Those of you who pay attention to politics (no matter where you are) are very likely to be shaking your head over candidates, results or policy. It’s a never ending source of frustration and/or entertainment here in the U.S., and I’ve noticed that the commentators seem to be focusing in on issues of ideology and faith, particularly where it bumps up against politics. The visit of Pope Francis seemed to be taking everyone’s attention while he was here, but though this event has added some ‘green’ to the discussion, it hasn’t pushed much off the political plate.

Politics and faith bump up against each other in the metadata world, too. What with traditionalists still thinking in MARC tags and AACR2, to the technical types rolling their eyes at any mention of MARC and trying to push the conversation towards RDA, RDF, BibFrame,, etc., there are plenty of metadata politics available to flavor the discussion.

The good news for us is that the conflicts and differences we confront in the metadata world are much more amenable to useful solution than the politics crowding our news feeds. I remember well the days when the choice of metadata schema was critical to projects and libraries. Unfortunately, we’re all still behaving as if the proliferation of ‘new’ schemas makes the whole business more complicated–that’s because we’re still thinking we need to choose one or another, ignoring the commonality at the core of the new metadata effort.

But times have changed, and we don’t all need to use the same schema to be interoperable (just like we don’t all need to speak English or Esperanto to communicate). But what we do need to think about is what the needs of our organization are at all stages of the workflow: from creating, publishing, consuming, through integrating our metadata to make it useful in the various efforts in which we engage.

One thing we do need to consider as we talk about creating new metadata is whether it will need to work with other data that already exists in our institution. If MARC is what we have, then one requirement may be to be able to maintain the level of richness we’ve built up in the past and still move that rich data forward with us. This suggests to me that RDA, which RIMMF has demonstrated can be losslessly mapped to and from MARC, might be the best choice for the creation of new metadata.

Back in the day, when Dublin Core was the shiny new thing, the notion of ‘dumb-down’ was hatched, and though not an elegantly named principle, it still works. It says that rich metadata can be mapped fairly easily into a less-rich schema (‘dumbed down’), but once transformed in a lossy way, it can’t easily be ‘smartened up’. But in a world of many publishers of linked data, and many consumers of that data, the notion of transforming rich metadata into any number of other schemas and letting the consumer chose what they want, is fairly straightforward, and does not require firm knowledge (or correct assumptions) of what the consumers actually need. This is a strategy well-tested with OAI-PMH which established a floor of Simple Dublin Core but encouraged the provision of any number of other formats as well, including MARC.

As consumers, libraries and other cultural institutions are also better served by choices.
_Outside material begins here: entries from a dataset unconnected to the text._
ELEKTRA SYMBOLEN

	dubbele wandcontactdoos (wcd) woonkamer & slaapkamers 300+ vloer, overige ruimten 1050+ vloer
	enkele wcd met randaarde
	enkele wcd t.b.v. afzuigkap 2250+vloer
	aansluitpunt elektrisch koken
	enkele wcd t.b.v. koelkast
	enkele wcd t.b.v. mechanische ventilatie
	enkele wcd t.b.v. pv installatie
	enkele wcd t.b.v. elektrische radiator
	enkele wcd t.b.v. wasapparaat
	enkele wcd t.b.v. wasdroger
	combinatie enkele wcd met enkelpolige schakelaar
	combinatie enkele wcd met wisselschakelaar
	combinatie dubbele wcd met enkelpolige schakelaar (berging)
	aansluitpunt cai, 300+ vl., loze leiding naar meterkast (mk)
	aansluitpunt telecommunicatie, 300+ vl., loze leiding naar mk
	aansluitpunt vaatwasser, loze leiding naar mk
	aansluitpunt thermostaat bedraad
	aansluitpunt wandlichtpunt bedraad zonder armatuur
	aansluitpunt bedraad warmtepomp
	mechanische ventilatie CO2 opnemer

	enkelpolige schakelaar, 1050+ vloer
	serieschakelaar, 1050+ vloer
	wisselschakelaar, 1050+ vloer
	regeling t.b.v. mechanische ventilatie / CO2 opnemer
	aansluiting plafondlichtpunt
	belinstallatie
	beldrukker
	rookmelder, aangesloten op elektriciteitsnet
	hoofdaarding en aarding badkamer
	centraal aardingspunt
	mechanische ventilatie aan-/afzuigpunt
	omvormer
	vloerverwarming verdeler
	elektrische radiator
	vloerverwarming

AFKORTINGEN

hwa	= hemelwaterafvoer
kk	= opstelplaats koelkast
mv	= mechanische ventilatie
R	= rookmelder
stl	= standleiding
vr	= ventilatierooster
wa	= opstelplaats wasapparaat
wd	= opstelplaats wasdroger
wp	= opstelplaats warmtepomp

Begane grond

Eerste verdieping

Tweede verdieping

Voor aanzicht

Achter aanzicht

Depending on the services they’re trying to support, they can choose what flavor of data meets their needs best, instead of being offered only what the provider assumes they want. This strategy leaves open the possibility of serving MARC as one of the choices, allowing those institutions still nursing an aged ILS to continue to participate.

Of course, the consumers of data need to think about how they aggregate and integrate the data they consume, how to improve that data, and how to make their data services coherent. That’s the part of the new create, publish, consume, integrate cycle that scares many librarians, but it shouldn’t–really!

So, it’s not about choosing the ‘right’ metadata format, it’s about having a fuller and more expansive notion about sharing data and learning some new skills. Let’s kiss the politics goodbye, and get on with it.